Enterococcus faecalis Adhesin, Ace,
Mediates Attachment to Extracellular Matrix Proteins Collagen Type IV
and Laminin as well as Collagen Type I
Sreedhar R.
Nallapareddy,1,2
Xiang
Qin,1,2,3
George M.
Weinstock,2,3
Magnus
Höök,3,4 and
Barbara E.
Murray1,2,3,*
Division of Infectious Diseases, Department
of Internal Medicine,1 Center for the
Study of Emerging and Re-emerging Pathogens,2
Department of Microbiology and Molecular
Genetics,3 University of Texas Medical
School, and Center for Extracellular Matrix Biology,
Institute of Biosciences and Technology, Texas A&M University
System Health Science Center,4 Houston, Texas
77030
Received 10 April 2000/Returned for modification 12 May
2000/Accepted 16 June 2000
Adhesin-mediated binding to extracellular matrix (ECM) proteins is
thought to be a crucial step in the pathogenic process of many
bacterial infections.

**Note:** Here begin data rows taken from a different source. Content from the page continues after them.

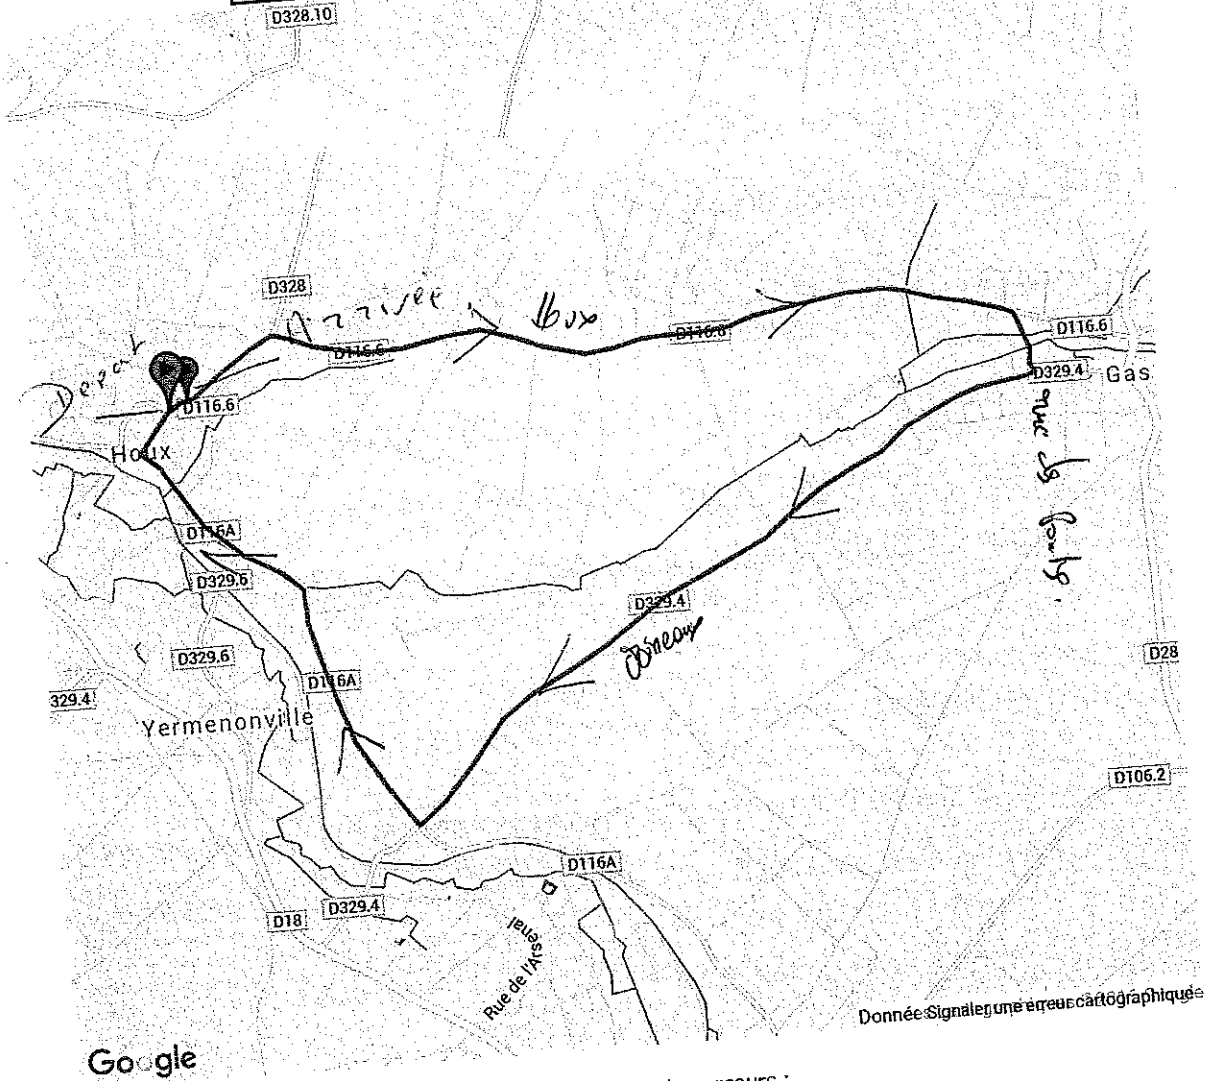

Imprimer la page

Fermer la page

www.calculitineraires.fr

Mon parcours sportif

Distance totale du parcours :
8210.9 m - 8979.5 yd soit : 8.21 km - 5.1 miles

Topographie du parcours :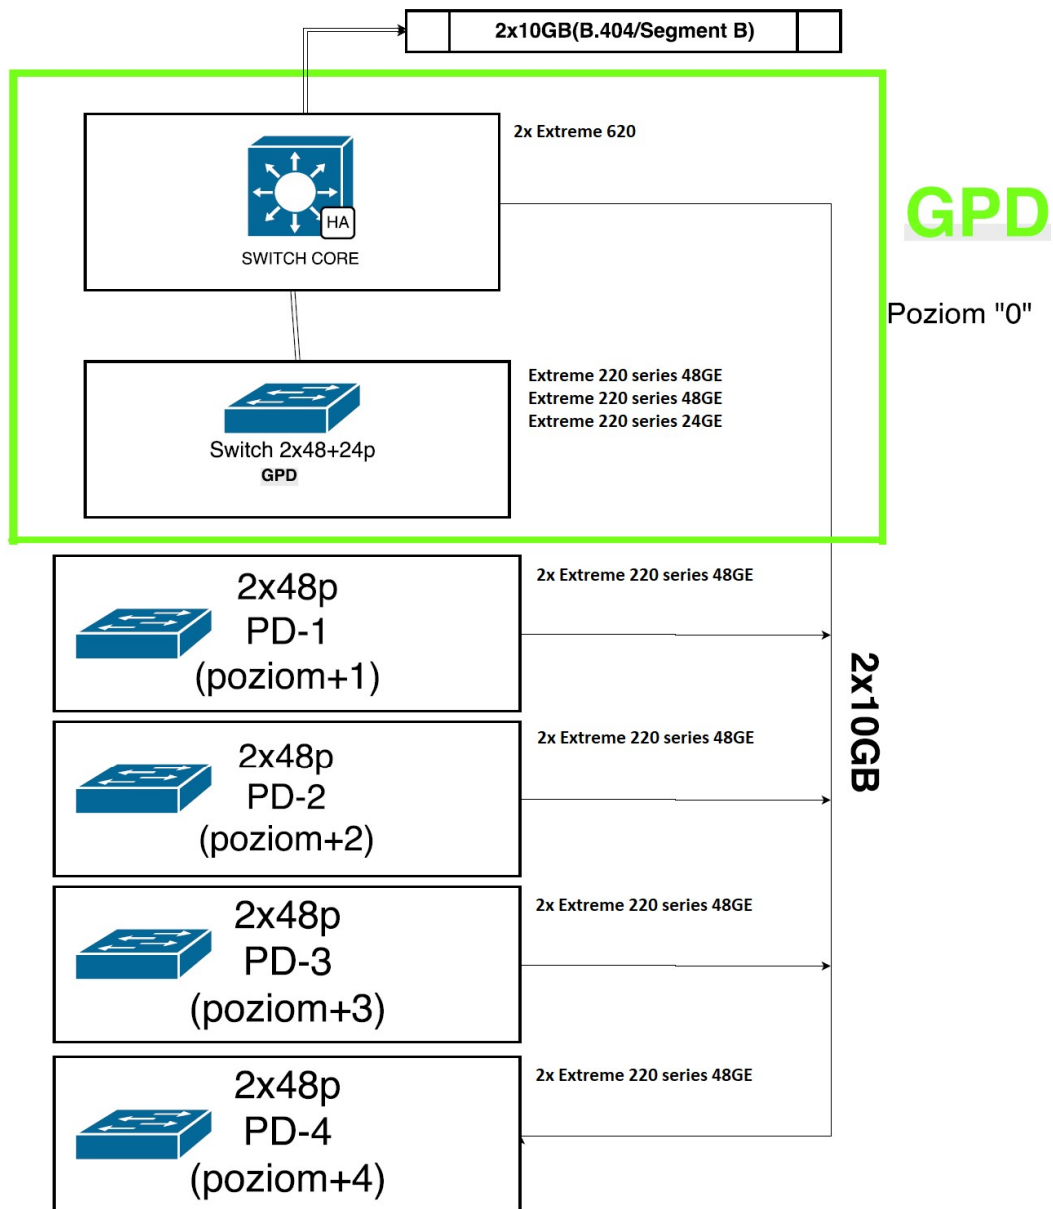

B.398

B.406 (Segment A)

Budynek B.400

Połączenie logiczne budynków B.404 (Segment B)

Rozmieszczenie logiczne urządzeń sieciowych w budynku B.406 (Segment A)

Rozmieszczenie logiczne urządzeń sieciowych w budynku przy ul. Piastowskiej nr 71 "Łazienki Reczne"

Połączenie logiczne sieci w lokalizacji: "ZA BRAMKĄ"

We have previously reported conditional adherence
of most Enterococcus faecalis isolates, after growth at
46°C, to ECM proteins collagen types I and IV and laminin; identified
an E. faecalis-specific gene, ace, whose
encoded protein has characteristics of a bacterial adhesin; and
implicated Ace in binding to collagen type I. In this study, we
constructed an ace disruption mutant from E. faecalis strain OG1RF that showed marked reduction in adherence
to collagen types I and IV and laminin when compared to the parental
OG1RF strain after growth at 46°C. Polyclonal immune serum raised
against the OG1RF-derived recombinant Ace A domain reacted with a
single ~105-kDa band of mutanolysin extracts from OG1RF grown at
46°C, while no band was detected in extracts from OG1RF grown at
37°C, nor from the OG1RF ace mutant grown at 37 or
46°C. IgGs purified from the anti-Ace A immune serum inhibited
adherence of 46°C-grown E. faecalis OG1RF to immobilized collagen type IV and laminin as well as collagen type I, at a concentration as low as 1 µg/ml, and also inhibited the 46°C-evoked adherence of two clinical isolates tested. We also showed in vitro interaction of collagen type IV with Ace from OG1RF mutanolysin extracts on a far-Western blot. Binding of recombinant Ace A to immobilized collagen types I and IV and laminin was demonstrated in an
enzyme-linked immunosorbent assay and was shown to be concentration dependent. These results indicate that Ace A mediates the conditional binding of E. faecalis OG1RF to collagen type IV and
laminin in addition to collagen type I.
*
Corresponding author. Mailing address: Center for the
Study of Emerging and Re-emerging Pathogens, Division of Infectious Diseases, Department of Internal Medicine, University of Texas Medical
School at Houston, 6431 Fannin St., Houston, TX 77030. Phone: (713)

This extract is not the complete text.